Heartland (Book) chapter 2.1: The Grandmothers Came Forward Part 1

The home was on top of a mountain and he owned seven acres of property. Well, the bank owned it, but I had no rights to the property, of course. I was just the girlfriend that had moved in. I had no contract. 


Women over time have made agreements - both spoken and not, written and not, legal and not - both for love and in exchange for the resources that they and their children have needed.  


Think about it. In the last three generations of your family, what were the women’s relationships like with men and with resources? 


If our grandmothers couldn’t get a library or credit card, they were making tandem choices about partnership and resource acquisition. 


Various women in my family have married for love and worked hard in factory jobs, or gone without, or stayed with men who were abusive in order to have the resources they and their children needed.

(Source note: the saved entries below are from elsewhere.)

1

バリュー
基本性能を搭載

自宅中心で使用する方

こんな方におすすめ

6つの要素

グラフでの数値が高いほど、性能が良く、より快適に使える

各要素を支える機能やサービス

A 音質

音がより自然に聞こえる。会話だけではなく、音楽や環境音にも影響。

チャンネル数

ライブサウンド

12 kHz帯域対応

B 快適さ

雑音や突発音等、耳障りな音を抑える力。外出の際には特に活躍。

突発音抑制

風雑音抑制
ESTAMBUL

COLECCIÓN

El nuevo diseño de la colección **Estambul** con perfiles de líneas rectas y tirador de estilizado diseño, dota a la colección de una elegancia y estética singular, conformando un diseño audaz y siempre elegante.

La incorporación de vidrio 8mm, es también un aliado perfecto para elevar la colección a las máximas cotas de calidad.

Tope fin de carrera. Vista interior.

They have remarried for security, secured more education to secure more income, stayed quiet about atrocities in order to keep a roof over their heads, and have likely made more choices and sacrifices than I can even imagine.


Women make choices all the time about how to secure their resources, and what a man has to do with this. We just often don’t talk about this hidden reality. 


I personally felt the impact of the sacrifices that my mother had made, staying in an unhealthy marriage, not being able to stand in her power, and ignoring more than I’d realized but because I sensed this was so, I had vowed not to do it myself. I had divorced my husband because I refused to live in a marriage that would not meet me in my fullness, and anyway, I was used to being the one to make more money and thought I’d always be fine.


This was naive, because when I lost the support of my parents and family, I struggled financially and I had no community to support me, even emotionally, while I got back on my feet. Being a single woman with no support network is a trap that is very hard to get out of in a society that historically doesn’t favor women and mothers. 


Some of us have tried to break out of this, but has it worked yet? 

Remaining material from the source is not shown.